A site-saturation library was designed using CH848.3.D0949.10.17 gp140 with N133D and N138T substitutions (10.17DT) as a template8. N133D and N138T substitutions were added to enable HIV-1 bnAb DH270 inferred precursor binding8. The site-saturation envelope library was synthesized (GenScript) to contain envelopes with a single substitution. The substitutions introduced could be any of the other 19 possible amino acids at any one position within the gp120 subunit. The stabilized, cleaved HIV-1 envelope gp140 was fused to a C-terminal c-myc tag and HRV-3C cleavage site, followed by a platelet-derived growth factor receptor transmembrane region that ensured cell surface presentation of the envelope. The open reading frame encoding the envelope library was cloned into the mammalian expression vector VRC8400 CMV/R.

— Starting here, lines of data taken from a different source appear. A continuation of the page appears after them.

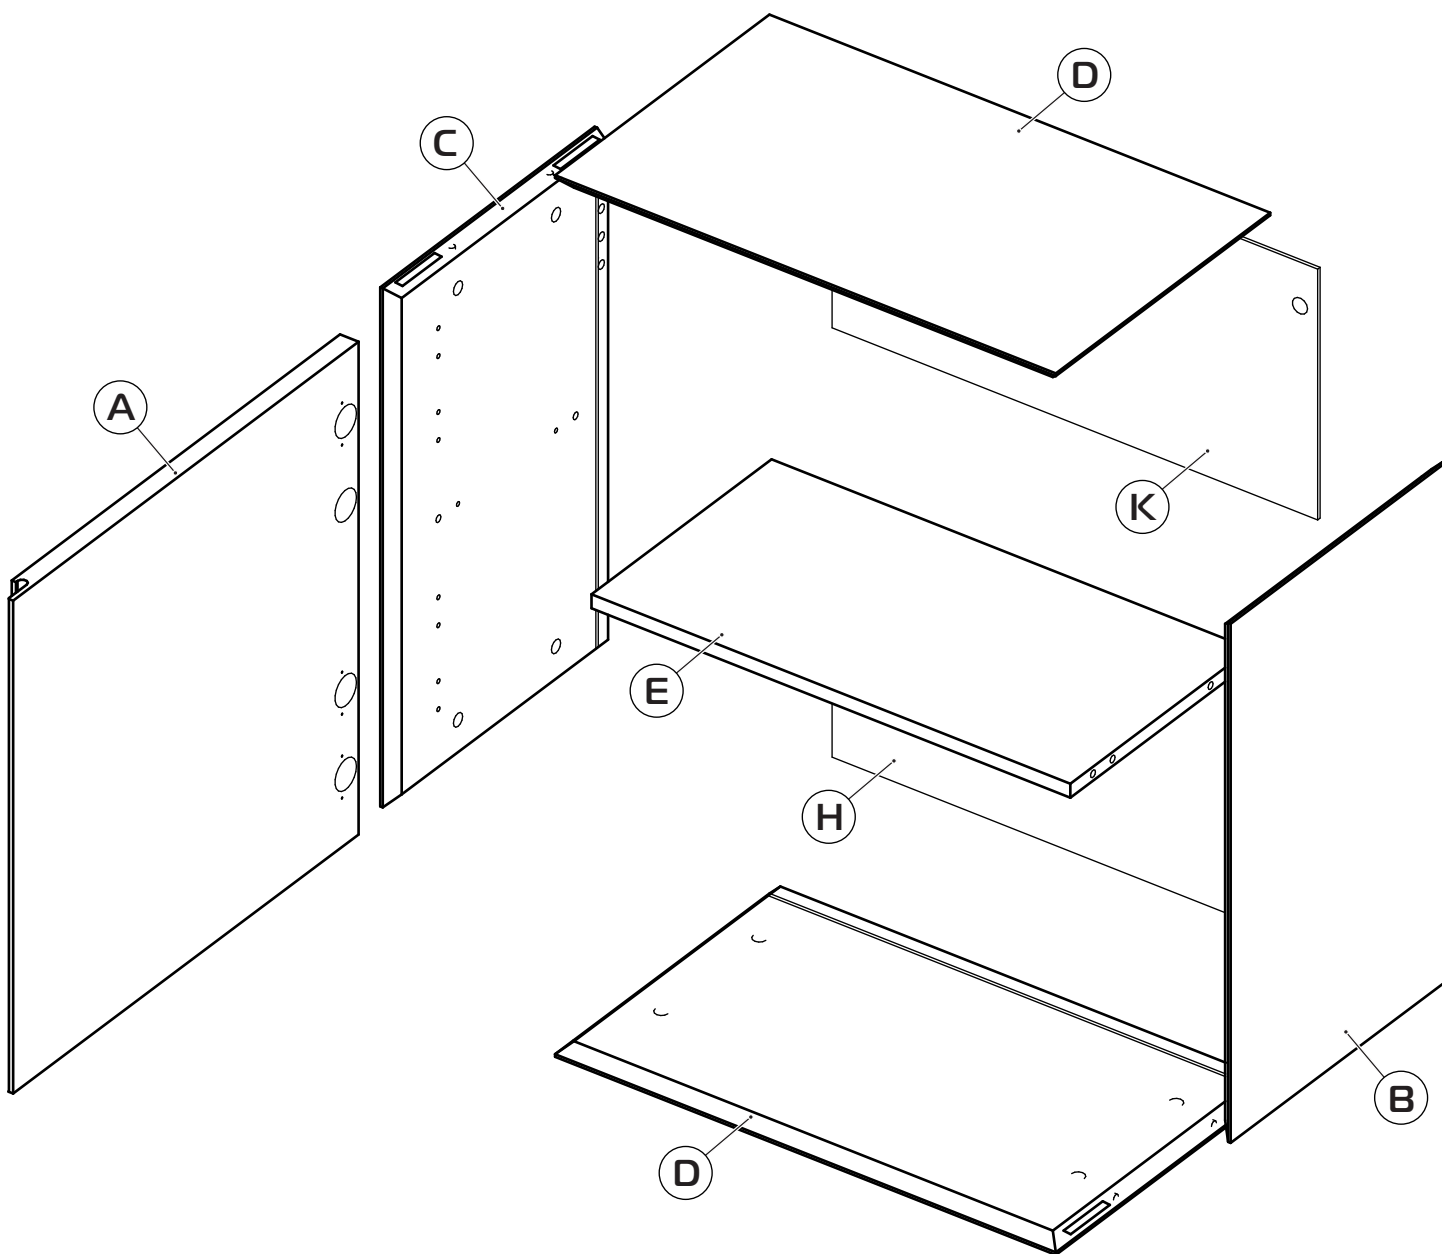

LAZURIT

МЕБЕЛЬ

Электра- 6653 д Шкаф навесной 600

600

600

350

60 min

PH2

Ø5

поз.	наименование детали	№ упак.	шт.	Д, мм.	Ш, мм.	Т, мм.
А	Дверь	1	1	562	562	22
В	Стенка вертикальная правая	1	1	594	350	16
С	Стенка вертикальная левая	1	1	594	350	16
Д	Горизонт	1	1	594	350	16
Е	Горизонт	1	1	568	294	16
Н	Задняя стенка ХДФ	1	1	576	287	4
К	Задняя стенка ХДФ	1	1	576	287	4
	Фурнитура	1	1

Sixteen micrograms of CMV/R vector carrying HIV-1 SOSIP library were co-transfected with 67 µg of carrier DNA (CMV/R vector) without the insert and 3.7 µg of plasmid coding Furin into Freestyle 293F cells using a 293fectin Transfection Kit (Thermo Scientific) according to manufacturer’s instruction. Cells were cultured for 48 h with shaking at 120 rpm in an incubator filled with 8% CO2 at 37 °C. Twenty million harvested transfected cells were stained with 500 µl of 100 µg/ml DH270 UCA and 10 µg/ml chicken anti-c-myc. DH270 UCA and anti-c-myc antibody binding were detected with 500 µl of 10 µg/ml goat-anti-human PE (Sigma) and 10 µg/ml goat anti-chicken Alexa 647 respectively. In separate tubes, two million cells were stained with 50 µl of the above antibodies for analytical flow cytometry. Gates for sorting were set such that cells that bound to DH270 with a higher fluorescence intensity than the unmutated envelope (prototype) were sorted. RNA was then isolated from sorted cells using PurelinkTM RNA micro kit (Invitrogen). RNA was subjected to reverse transcription primed by CMVR-SOSIP-rev (cacagcagatct tcatcagcggggctttttctg) using AccuScript Reverse Transcriptase (Agilent) to generate cDNA. Double-stranded DNA was amplified from cDNA with CMVR-SOSIP-fwd (gtcaccgtcgtcgacgccacc atggaaaccgatacactgct) and CMVR-SOSIP-rev using Herculase II Fusion DNA Polymerases (Agilent) and subcloned into CMVR vector by SalI/BglII digestion and ligation. The resulting constructs were transformed into electrocompetent DH10B using electroporation followed by culture in 500 mL of Luria broth. Plasmid was then extracted for another round of transfection and sorting. To get stronger binding envelopes, the selection stringency was increased by decreasing the concentration of DH270 UCA used to sort positive cells in each round. Sorted cells were sequenced by PacBio long-read sequencing.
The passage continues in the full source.